=== Exercise objective ===
Could the data below be printed out exactly, with the pictures left out?

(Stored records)
____

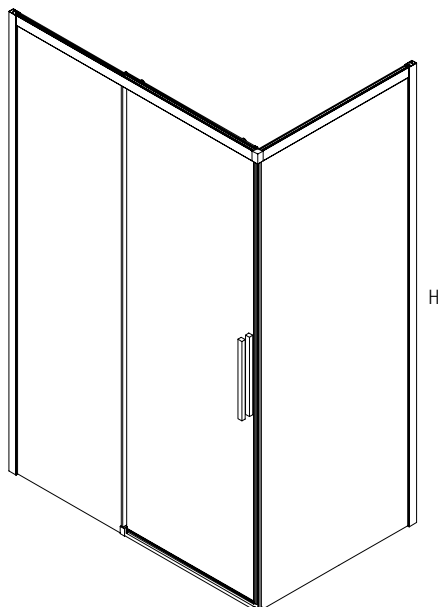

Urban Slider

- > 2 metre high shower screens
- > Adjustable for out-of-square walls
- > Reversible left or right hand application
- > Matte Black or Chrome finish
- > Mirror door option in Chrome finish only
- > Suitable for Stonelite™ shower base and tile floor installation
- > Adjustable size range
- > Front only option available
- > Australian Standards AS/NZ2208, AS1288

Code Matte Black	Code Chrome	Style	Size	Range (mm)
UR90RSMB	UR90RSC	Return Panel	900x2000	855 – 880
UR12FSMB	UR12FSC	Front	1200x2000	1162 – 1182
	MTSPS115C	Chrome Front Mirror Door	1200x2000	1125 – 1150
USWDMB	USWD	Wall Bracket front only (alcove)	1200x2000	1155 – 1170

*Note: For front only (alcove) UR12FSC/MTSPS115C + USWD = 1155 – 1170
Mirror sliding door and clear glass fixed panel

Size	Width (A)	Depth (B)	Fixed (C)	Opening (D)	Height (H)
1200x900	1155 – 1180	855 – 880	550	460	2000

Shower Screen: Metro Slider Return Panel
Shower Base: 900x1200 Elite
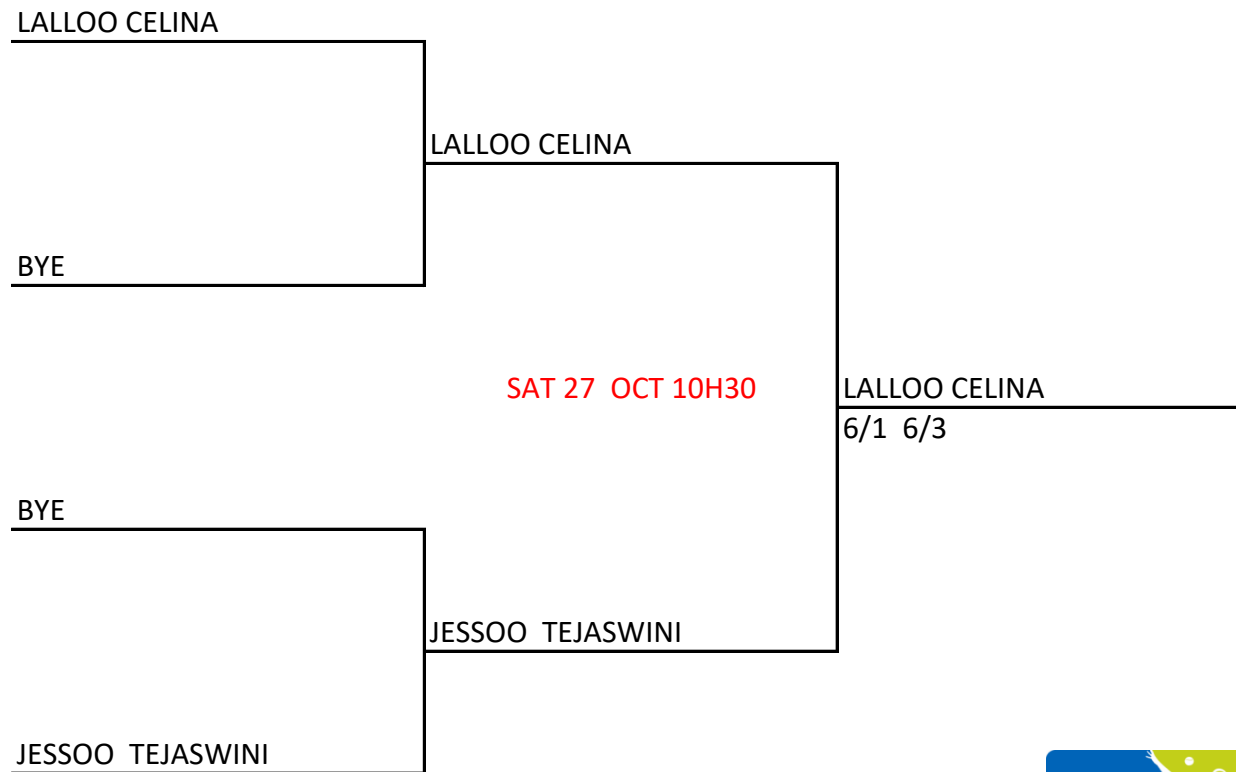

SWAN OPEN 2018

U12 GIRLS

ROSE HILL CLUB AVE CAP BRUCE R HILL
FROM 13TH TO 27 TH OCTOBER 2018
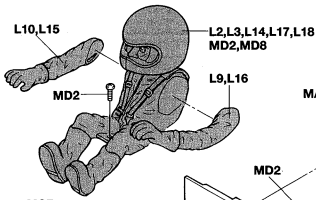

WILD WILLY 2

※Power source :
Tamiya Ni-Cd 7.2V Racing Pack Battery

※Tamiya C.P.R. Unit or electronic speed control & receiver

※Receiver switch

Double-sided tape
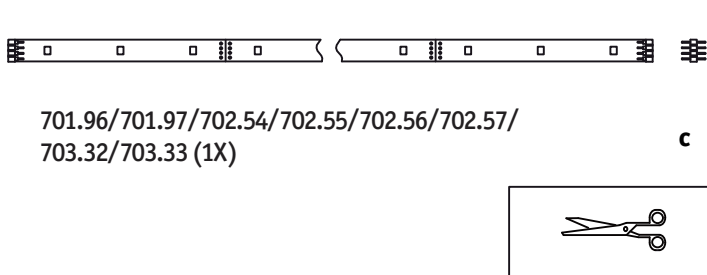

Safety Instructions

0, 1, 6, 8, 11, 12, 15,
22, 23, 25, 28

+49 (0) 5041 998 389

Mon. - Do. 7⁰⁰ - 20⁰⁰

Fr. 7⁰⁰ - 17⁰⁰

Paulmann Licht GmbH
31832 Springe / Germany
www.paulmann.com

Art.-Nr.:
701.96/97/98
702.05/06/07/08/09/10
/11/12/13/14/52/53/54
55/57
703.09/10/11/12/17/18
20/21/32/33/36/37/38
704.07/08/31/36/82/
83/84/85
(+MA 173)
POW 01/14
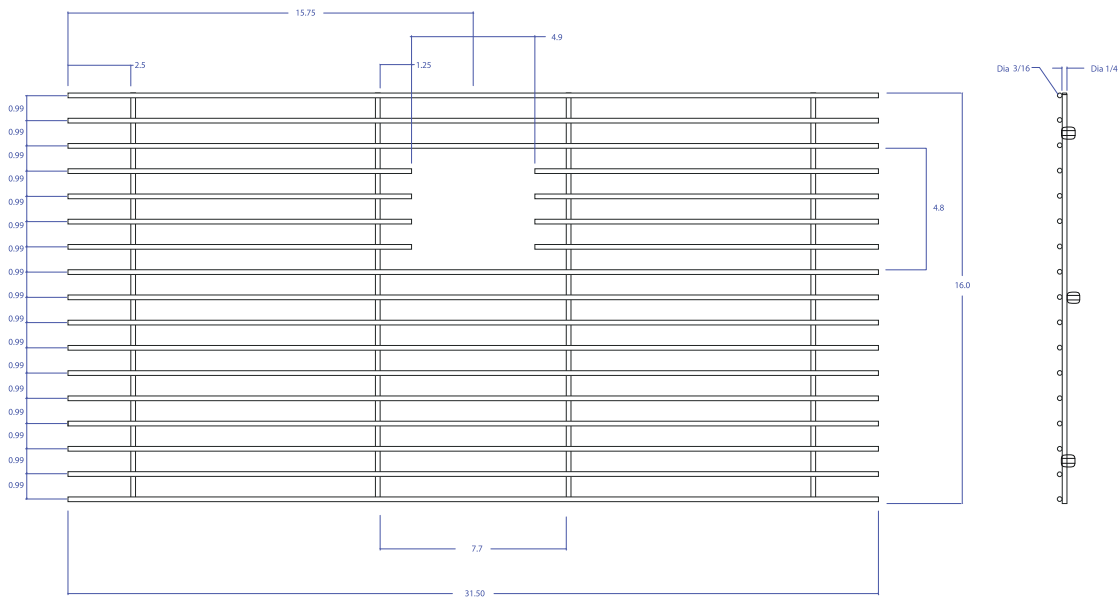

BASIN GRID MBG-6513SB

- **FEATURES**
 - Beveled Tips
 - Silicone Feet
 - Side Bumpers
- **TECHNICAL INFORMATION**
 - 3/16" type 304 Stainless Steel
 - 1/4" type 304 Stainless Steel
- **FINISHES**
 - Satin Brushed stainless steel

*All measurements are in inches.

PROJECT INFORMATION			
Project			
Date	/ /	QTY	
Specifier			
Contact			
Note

____

=== Result of this task ===
Urban Slider

- > 2 metre high shower screens
- > Adjustable for out-of-square walls
- > Reversible left or right hand application
- > Matte Black or Chrome finish
- > Mirror door option in Chrome finish only
- > Suitable for Stonelite™ shower base and tile floor installation
- > Adjustable size range
- > Front only option available
- > Australian Standards AS/NZ2208, AS1288

Code Matte Black	Code Chrome	Style	Size	Range (mm)
UR90RSMB	UR90RSC	Return Panel	900x2000	855 – 880
UR12FSMB	UR12FSC	Front	1200x2000	1162 – 1182
	MTSPS115C	Chrome Front Mirror Door	1200x2000	1125 – 1150
USWDMB	USWD	Wall Bracket front only (alcove)	1200x2000	1155 – 1170

*Note: For front only (alcove) UR12FSC/MTSPS115C + USWD = 1155 – 1170
Mirror sliding door and clear glass fixed panel

Size	Width (A)	Depth (B)	Fixed (C)	Opening (D)	Height (H)
1200x900	1155 – 1180	855 – 880	550	460	2000

Shower Screen: Metro Slider Return Panel
Shower Base: 900x1200 Elite

SWAN OPEN 2018

U12 GIRLS

ROSE HILL CLUB AVE CAP BRUCE R HILL
FROM 13TH TO 27 TH OCTOBER 2018

WILD WILLY 2

※Power source :
Tamiya Ni-Cd 7.2V Racing Pack Battery

※Tamiya C.P.R. Unit or electronic speed control & receiver

※Receiver switch

Double-sided tape

Safety Instructions

0, 1, 6, 8, 11, 12, 15,
22, 23, 25, 28

+49 (0) 5041 998 389

Mon. - Do. 7⁰⁰ - 20⁰⁰

Fr. 7⁰⁰ - 17⁰⁰

Paulmann Licht GmbH
31832 Springe / Germany
www.paulmann.com

Art.-Nr.:
701.96/97/98
702.05/06/07/08/09/10
/11/12/13/14/52/53/54
55/57
703.09/10/11/12/17/18
20/21/32/33/36/37/38
704.07/08/31/36/82/
83/84/85
(+MA 173)
POW 01/14

BASIN GRID MBG-6513SB

- **FEATURES**
 - Beveled Tips
 - Silicone Feet
 - Side Bumpers
- **TECHNICAL INFORMATION**
 - 3/16" type 304 Stainless Steel
 - 1/4" type 304 Stainless Steel
- **FINISHES**
 - Satin Brushed stainless steel

*All measurements are in inches.

PROJECT INFORMATION			
Project			
Date	/ /	QTY	
Specifier			
Contact			
Note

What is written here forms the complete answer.